WHAT YOU ARE ASKED TO DO
Your answer should be every line of the records that contains the word "Natura".

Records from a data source
********************
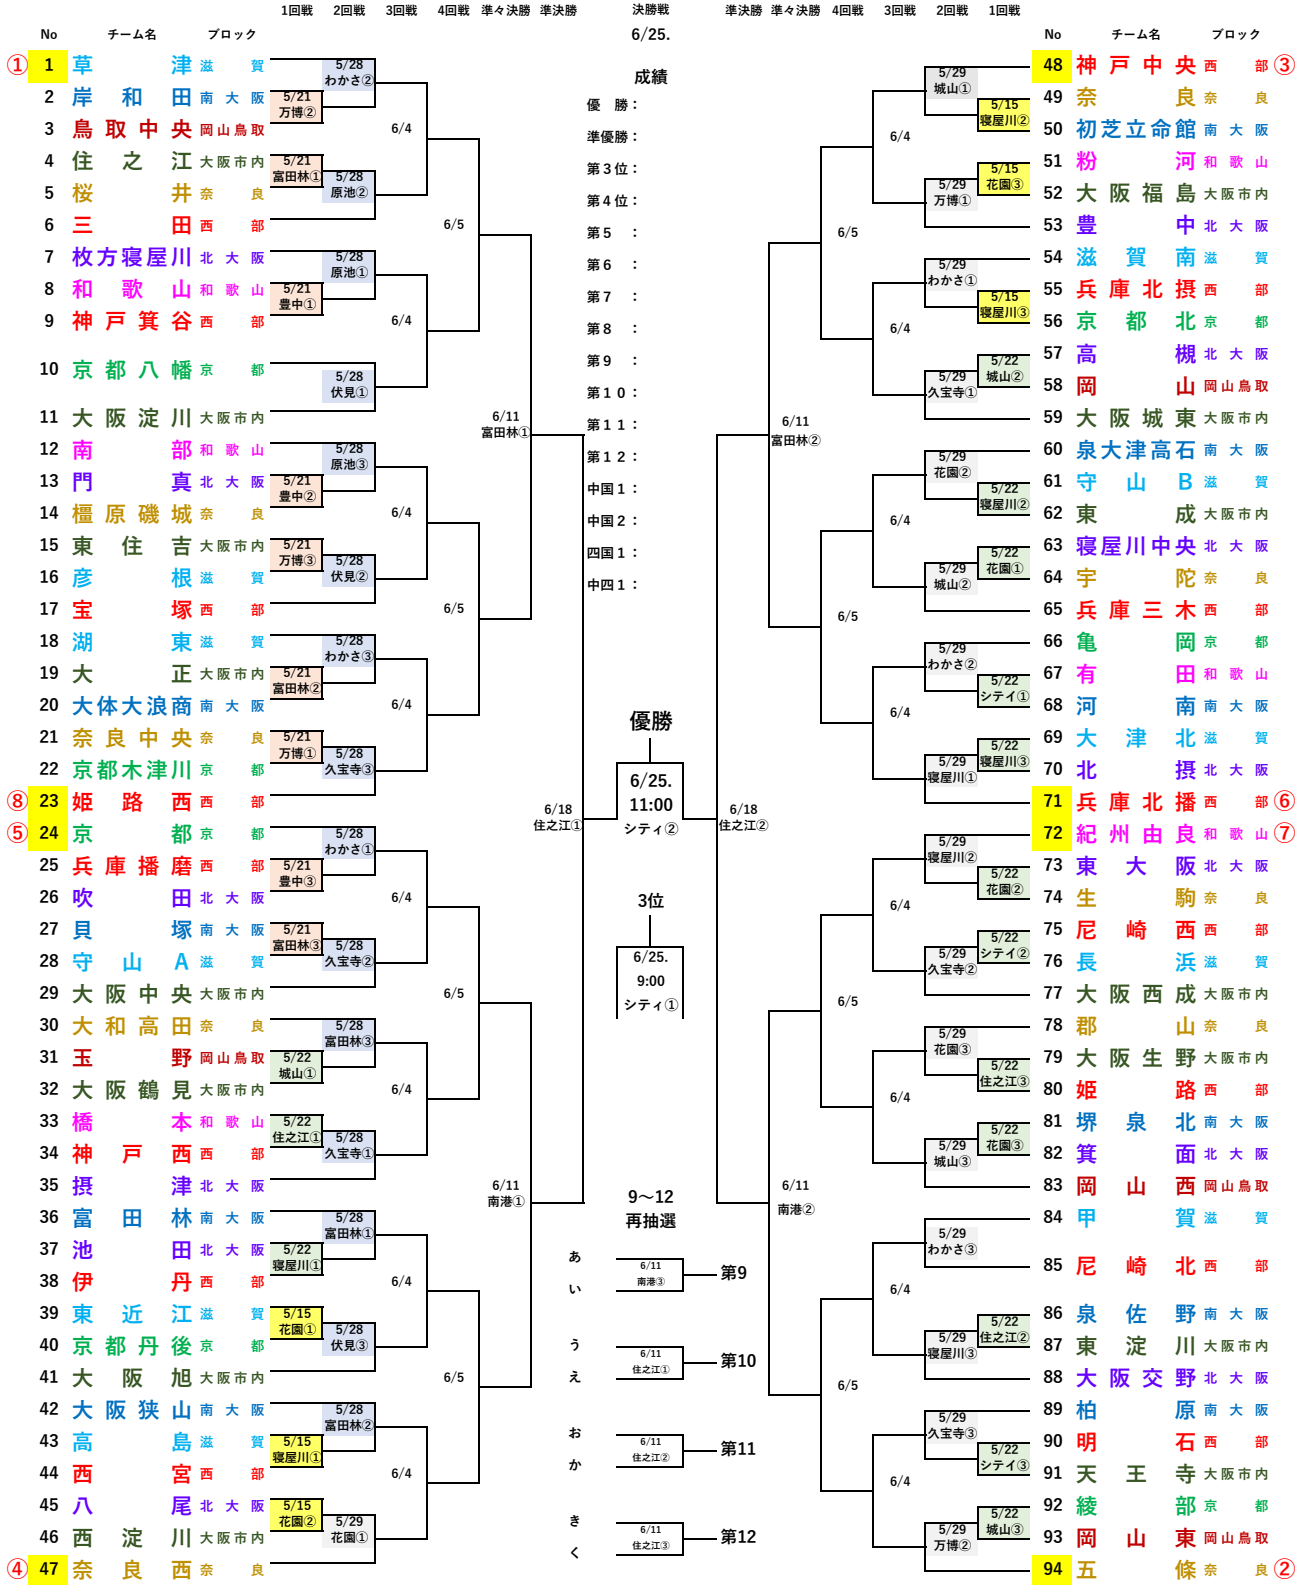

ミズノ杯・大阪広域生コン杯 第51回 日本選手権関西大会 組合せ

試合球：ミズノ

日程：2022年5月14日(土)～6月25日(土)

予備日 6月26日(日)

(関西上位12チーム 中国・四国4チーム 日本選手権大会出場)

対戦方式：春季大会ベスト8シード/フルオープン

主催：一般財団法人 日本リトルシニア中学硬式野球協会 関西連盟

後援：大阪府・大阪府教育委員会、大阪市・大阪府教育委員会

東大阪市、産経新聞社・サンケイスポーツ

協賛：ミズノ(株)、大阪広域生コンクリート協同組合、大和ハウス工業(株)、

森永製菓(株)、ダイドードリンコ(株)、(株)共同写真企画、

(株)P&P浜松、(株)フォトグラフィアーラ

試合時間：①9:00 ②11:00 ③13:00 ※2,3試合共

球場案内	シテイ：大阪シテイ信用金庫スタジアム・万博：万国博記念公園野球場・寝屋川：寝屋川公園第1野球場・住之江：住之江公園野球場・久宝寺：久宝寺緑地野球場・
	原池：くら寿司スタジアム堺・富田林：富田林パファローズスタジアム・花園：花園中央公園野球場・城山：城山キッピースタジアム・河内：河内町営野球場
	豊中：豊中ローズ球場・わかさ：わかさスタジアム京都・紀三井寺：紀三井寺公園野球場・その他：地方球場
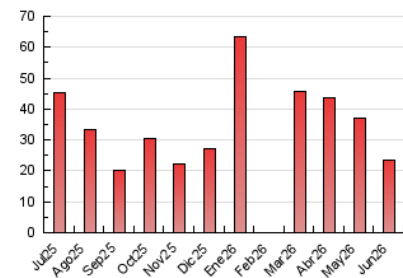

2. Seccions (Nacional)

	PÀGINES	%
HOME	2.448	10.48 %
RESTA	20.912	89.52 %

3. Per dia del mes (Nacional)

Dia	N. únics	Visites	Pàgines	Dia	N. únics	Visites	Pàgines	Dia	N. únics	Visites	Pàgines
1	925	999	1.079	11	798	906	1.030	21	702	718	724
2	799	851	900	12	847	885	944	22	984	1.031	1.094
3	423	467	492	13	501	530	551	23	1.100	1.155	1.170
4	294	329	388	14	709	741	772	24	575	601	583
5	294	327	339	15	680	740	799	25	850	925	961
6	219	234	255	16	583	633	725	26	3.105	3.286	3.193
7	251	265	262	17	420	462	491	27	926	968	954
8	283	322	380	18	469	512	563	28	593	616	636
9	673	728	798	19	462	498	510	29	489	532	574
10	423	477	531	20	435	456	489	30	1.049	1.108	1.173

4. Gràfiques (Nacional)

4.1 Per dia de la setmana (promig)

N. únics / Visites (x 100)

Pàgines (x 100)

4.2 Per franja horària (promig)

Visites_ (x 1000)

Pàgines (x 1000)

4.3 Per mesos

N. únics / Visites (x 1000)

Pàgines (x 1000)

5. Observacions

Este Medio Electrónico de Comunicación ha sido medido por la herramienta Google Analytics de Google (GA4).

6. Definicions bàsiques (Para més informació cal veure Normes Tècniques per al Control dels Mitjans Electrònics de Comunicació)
********************
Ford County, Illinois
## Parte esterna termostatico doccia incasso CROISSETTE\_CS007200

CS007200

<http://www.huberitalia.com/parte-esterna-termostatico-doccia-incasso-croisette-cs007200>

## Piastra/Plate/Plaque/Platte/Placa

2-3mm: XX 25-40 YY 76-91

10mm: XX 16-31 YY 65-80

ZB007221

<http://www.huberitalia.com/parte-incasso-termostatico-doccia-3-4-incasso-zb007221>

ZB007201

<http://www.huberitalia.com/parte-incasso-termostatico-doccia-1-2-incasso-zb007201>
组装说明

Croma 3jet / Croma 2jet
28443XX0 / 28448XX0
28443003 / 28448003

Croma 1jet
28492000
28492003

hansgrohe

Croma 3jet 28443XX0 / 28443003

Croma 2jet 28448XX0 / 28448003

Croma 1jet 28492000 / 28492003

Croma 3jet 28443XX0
********************
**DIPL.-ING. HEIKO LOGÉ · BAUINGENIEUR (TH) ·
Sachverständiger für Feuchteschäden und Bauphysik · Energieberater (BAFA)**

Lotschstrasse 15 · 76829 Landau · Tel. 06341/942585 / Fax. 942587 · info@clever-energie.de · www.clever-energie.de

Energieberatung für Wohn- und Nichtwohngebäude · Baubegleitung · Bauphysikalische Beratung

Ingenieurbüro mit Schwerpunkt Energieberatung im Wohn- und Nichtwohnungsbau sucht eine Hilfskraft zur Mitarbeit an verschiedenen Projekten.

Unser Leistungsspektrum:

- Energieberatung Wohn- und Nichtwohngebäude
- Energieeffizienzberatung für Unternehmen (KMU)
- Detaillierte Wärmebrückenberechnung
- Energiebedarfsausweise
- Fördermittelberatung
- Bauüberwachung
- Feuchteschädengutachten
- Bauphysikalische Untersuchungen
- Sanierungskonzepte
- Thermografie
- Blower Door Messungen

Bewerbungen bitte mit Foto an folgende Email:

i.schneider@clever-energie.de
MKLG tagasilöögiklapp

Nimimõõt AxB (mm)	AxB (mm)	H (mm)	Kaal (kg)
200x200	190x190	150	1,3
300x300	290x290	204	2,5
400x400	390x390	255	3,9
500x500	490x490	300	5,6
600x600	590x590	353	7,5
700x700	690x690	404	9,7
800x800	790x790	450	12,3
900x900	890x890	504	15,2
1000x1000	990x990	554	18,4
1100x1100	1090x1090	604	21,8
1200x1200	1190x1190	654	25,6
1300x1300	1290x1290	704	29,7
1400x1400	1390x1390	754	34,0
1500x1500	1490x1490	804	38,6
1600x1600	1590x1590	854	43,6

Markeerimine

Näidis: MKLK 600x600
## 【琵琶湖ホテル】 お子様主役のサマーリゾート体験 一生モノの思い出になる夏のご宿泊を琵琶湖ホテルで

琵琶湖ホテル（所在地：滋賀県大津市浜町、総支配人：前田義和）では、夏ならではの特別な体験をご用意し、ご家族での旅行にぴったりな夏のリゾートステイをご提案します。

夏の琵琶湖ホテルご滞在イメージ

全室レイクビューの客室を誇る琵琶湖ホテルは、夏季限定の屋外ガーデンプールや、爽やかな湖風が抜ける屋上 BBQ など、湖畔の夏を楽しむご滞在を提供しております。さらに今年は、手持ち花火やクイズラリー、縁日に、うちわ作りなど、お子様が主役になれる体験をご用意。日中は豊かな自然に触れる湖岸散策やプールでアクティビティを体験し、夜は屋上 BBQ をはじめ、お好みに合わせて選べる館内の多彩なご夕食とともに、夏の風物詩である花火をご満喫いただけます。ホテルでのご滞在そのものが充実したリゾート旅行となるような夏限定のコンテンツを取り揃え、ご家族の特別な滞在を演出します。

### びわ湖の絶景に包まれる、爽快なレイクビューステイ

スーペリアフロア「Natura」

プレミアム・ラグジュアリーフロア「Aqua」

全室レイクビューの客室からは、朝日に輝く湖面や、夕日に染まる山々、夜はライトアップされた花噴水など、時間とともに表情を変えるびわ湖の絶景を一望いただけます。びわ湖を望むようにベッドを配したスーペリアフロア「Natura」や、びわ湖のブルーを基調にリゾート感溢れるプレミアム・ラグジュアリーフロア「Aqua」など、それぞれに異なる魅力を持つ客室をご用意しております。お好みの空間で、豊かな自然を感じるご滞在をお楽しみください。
********************
SOLUTION
スーペリアフロア「Natura」
全室レイクビューの客室からは、朝日に輝く湖面や、夕日に染まる山々、夜はライトアップされた花噴水など、時間とともに表情を変えるびわ湖の絶景を一望いただけます。びわ湖を望むようにベッドを配したスーペリアフロア「Natura」や、びわ湖のブルーを基調にリゾート感溢れるプレミアム・ラグジュアリーフロア「Aqua」など、それぞれに異なる魅力を持つ客室をご用意しております。お好みの空間で、豊かな自然を感じるご滞在をお楽しみください。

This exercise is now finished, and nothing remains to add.